You can’t – no one can be truly informed, think of how many candidates we turn on when their skeletons come out of the closet. But here is a guide to voting with a level head and making the decision that’s right for you:

  • Determine what you want from government by researching political theories. No theory is perfect, because humans are imperfect, but you will probably find one you think makes sense. Consider the “criticisms” in your decision-making process.
  • Realize that no one is as perfect as their Instagram. Every politician, every news anchor, and every one of your happy friends will eventually suffer from diarrhea. No one is perfect, so don’t expect perfection of a politician. That is just a way to dissuade human people like you from running for office. 
  • Recognize that you have a right to keep your vote secret. It can be comforting to know that you do not owe anyone any information regarding which candidates you support or if you voted at all.
  • When listening to someone else’s opinion, remember that they are not perfect, that they may not make great decisions just because you like them, and their their opinion is ultimately none of your business unless you ask to hear them. Even then, see #3 – they don’t have to share opinions with you just because you have asked.

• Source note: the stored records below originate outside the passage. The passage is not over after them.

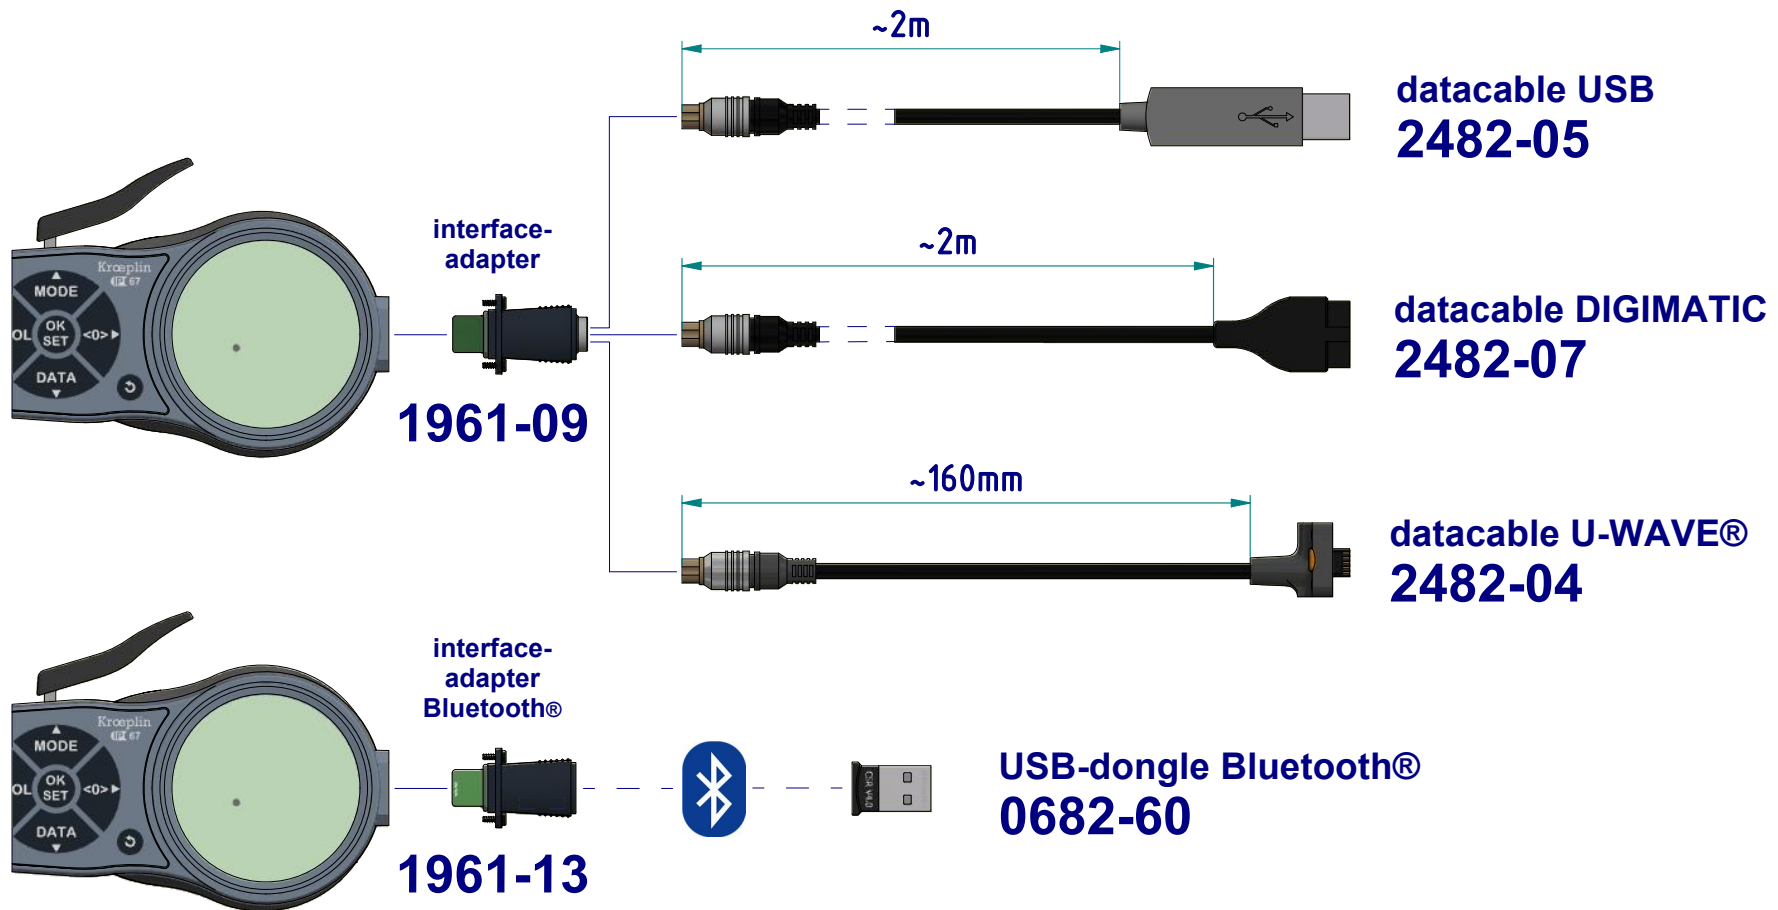

type: K
range: 0 - .39 INCH
range of indication: 0 - .4134 INCH
digital step: .0002 INCH
scale interval: -
measuring force: 1,2 - 1,6 N
weight: 260 g

acceptable deviations
VDI/VDE/DGQ 2618 Bl. 12.1/13.1)
max. permissible
errors "G": .0008 INCH
repeatability "r": .0002 INCH
reference temperature: 20° C
operation temperature: 10° C - 30° C
storage temperature: -10° C - 50° C

scale: 1:1
drawing-nr.: DAB-K110S-K-i
date of issue: 05.05.2020
name: B. Schmidt
revision status: 002
revision date: 01.04.2021

interface as accessories available:

subject to technical alterations

drawing-nr.:	DAB-K110S-K-i
date of issue:	05.05.2020
name:	B. Schmidt
revision status:	002
revision date:	01.04.2021
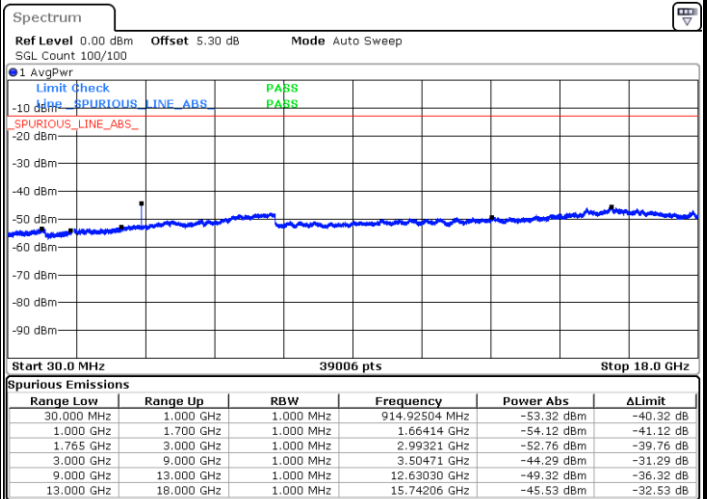

Middle Channel / 16QAM

Date: 28.OCT.2018 08:40:11

Date: 28.OCT.2018 08:41:05

LTE Band 4 / 1.4MHz

Highest Channel / QPSK

Date: 28.OCT.2018 11:10:55

Highest Channel / 16QAM

Date: 28.OCT.2018 08:48:05

LTE Band 4 / 3MHz

Lowest Channel / QPSK

Date: 28.OCT.2018 08:54:09

Lowest Channel / 16QAM

Date: 28.OCT.2018 08:55:04

LTE Band 4 / 3MHz

Middle Channel / QPSK

Middle Channel / 16QAM

Date: 28.OCT.2018 08:56:38

Date: 28.OCT.2018 08:57:33

Highest Channel / QPSK

Highest Channel / 16QAM

Date: 28.OCT.2018 09:03:37

Date: 28.OCT.2018 09:04:32

LTE Band 4 / 5MHz

Lowest Channel / QPSK
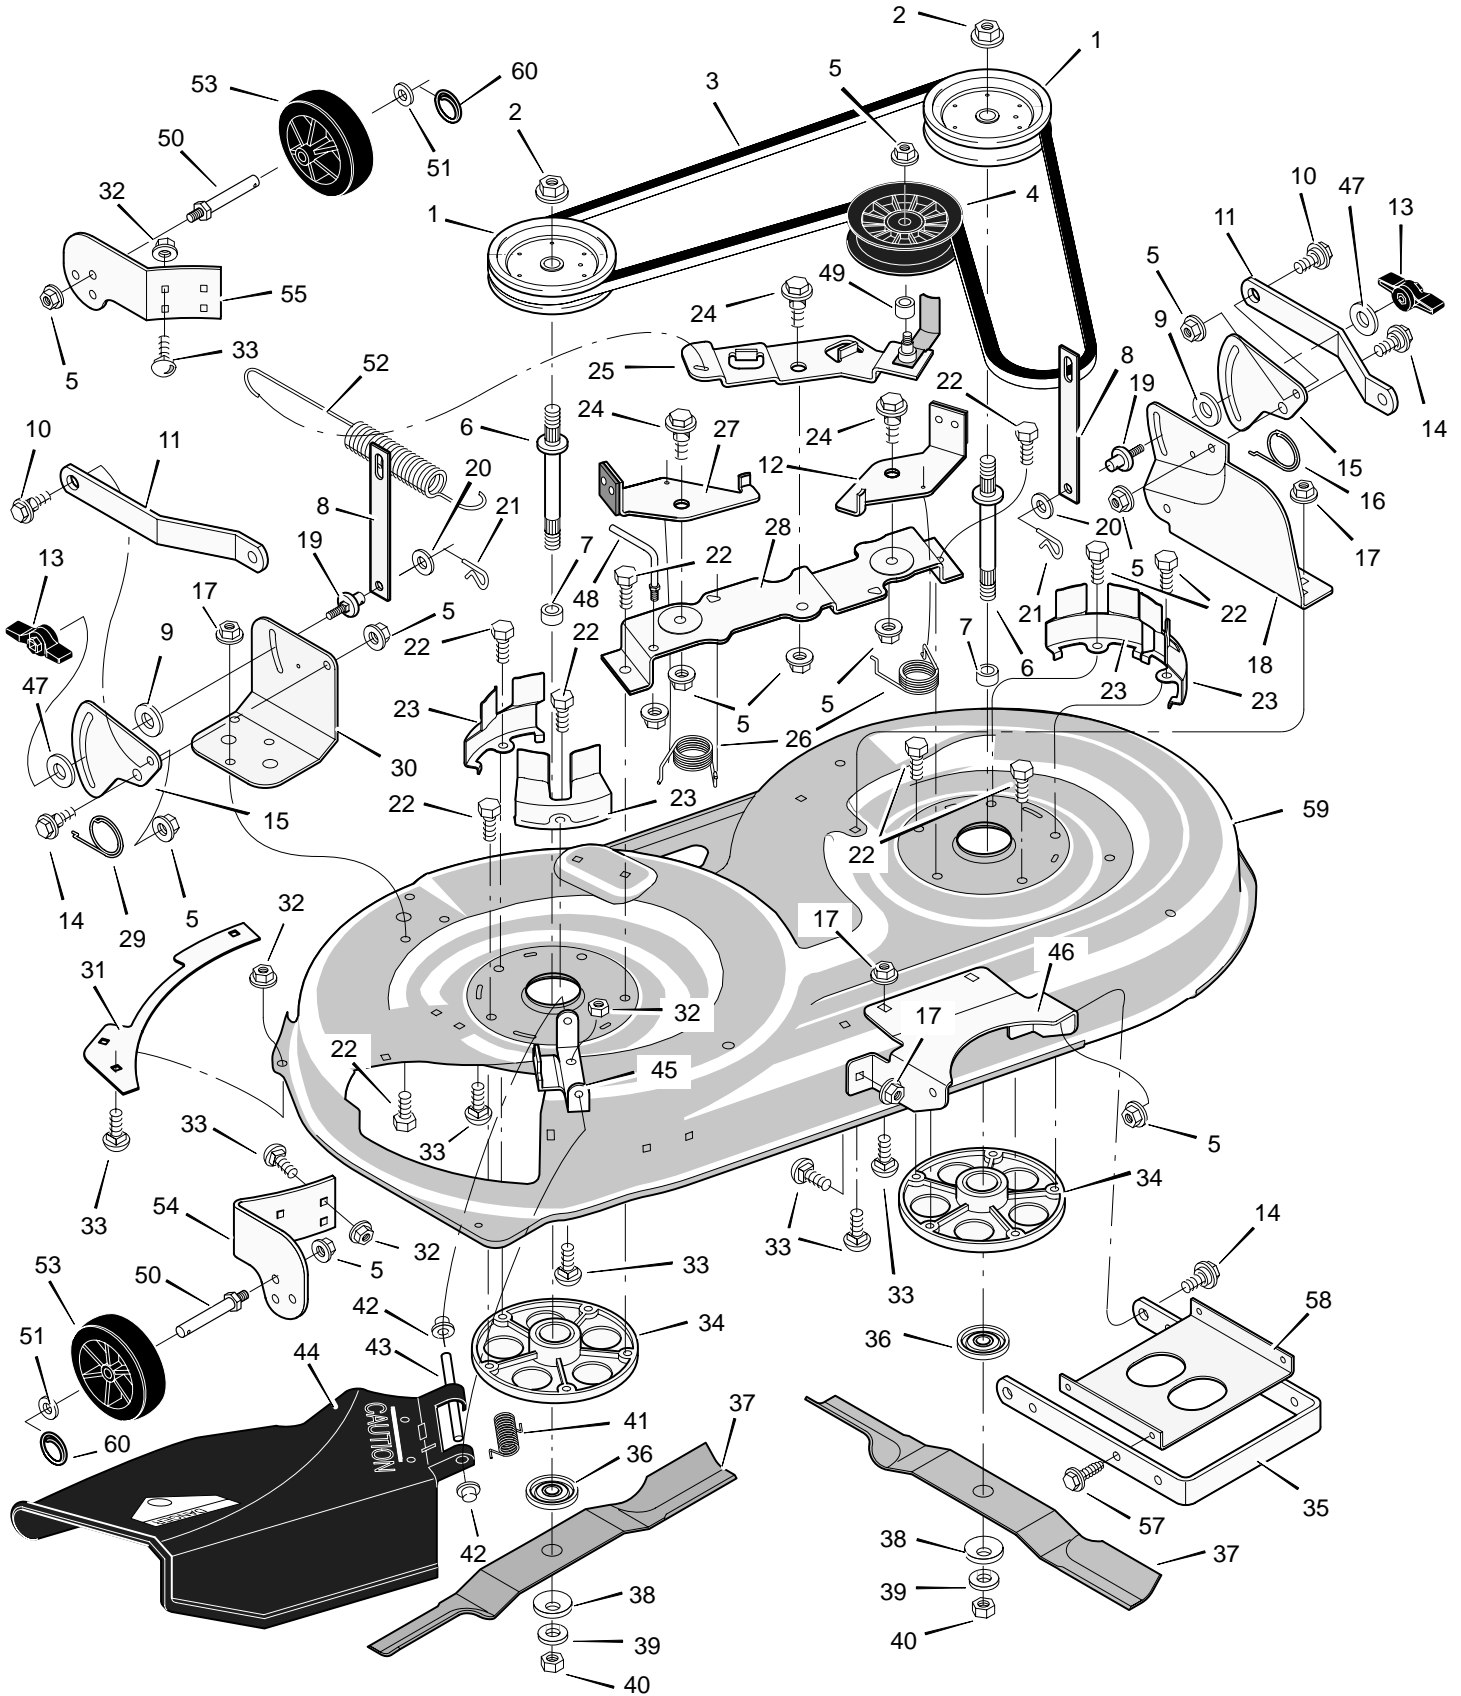

MODEL 42545x29B

REPAIR PARTS

MODEL 42545x29B

REPAIR PARTS

Key No.	Description	Part No.	Key No.	Description	Part No.
1	Pulley, Jackshaft	94199	31	Plate	92426E700
2	Nut, Hex	15x121	32	Nut, Flange	15x88
3	Belt, Mower Drive	37x88	33	Bolt, Carriage	2x53
4	Pulley, Idler	690387	34	Mandrell Housing	92574
5	Nut, Flange	15x84	35	Bracket, Suspension	94058E700
6	Jackshaft	94129	36	Adapter, Blade	92466
7	Spacer	94130	37	Blade	690205E701
8	Link, Lift	690212E700	38	Washer	17x166
9	Pad, Friction	94137	39	Washer	17x165
10	Bolt, Shoulder	9x52	40	Nut	15x100
11	Bracket, Suspension	94055E700	41	Spring	166x4
12	Pad Assembly, Left Brake	94049E700	42	Cap, Push On	28x23
13	Knob	94068	43	Rod, Deflector	94957 Z
14	Bolt, Shoulder	9x51	44	Deflector Assembly	94707 SE
15	Plate, Suspension	94128E700	45	Bracket, Deflector Hinge	94956E700
16	Spring	166x43	46	Bracket, Front Hanger	94686E700
17	Nut, Flange	15x79	47	Washer	17x45 Z
18	Bracket, Suspension	94192E700	48	Guide, Belt	94781
19	Pin, Hanger	94194	49	Spacer	690369
20	Washer	17x103	50	Bolt, Axle	94025
21	Pin, Hair	31x4	51	Washer	17x91 Z
22	Bolt	25x7	52	Spring, Extension	165x119
23	Cover, Pulley	94051E700	53	Wheel, Gage	92683
24	Bolt, Shoulder	9x39	54	Bracket, Right Wheel	92422E700
25	Arm, Idler	690408E700	55	Bracket, Left Wheel	92423E700
26	Spring	166x41	57	Screw	26x249
27	Pad Assembly, Right Brake	94047E700	58	Stiffener	94604E700
28	Bracket, Brake	94193E700	59	Housing, Blade	94814E700
29	Spring	166x42	60	Ring, Locking	31x11
30	Bracket, Suspension	94191E700	1-60	Complete Mower Housing Assembly	776007

  • Ask yourself if you might be wrong once or twice a year. Online debates are silly and rarely work, and most people just act like arse-faces. The best way to help yourself be open-minded is to actually question whether or not your belief system is flawed. You might not change your mind, but it will help you remember that nothing and no one is perfect.

Go ahead and vote. . . just know that your options as a citizen are only as limited as you allow them to be.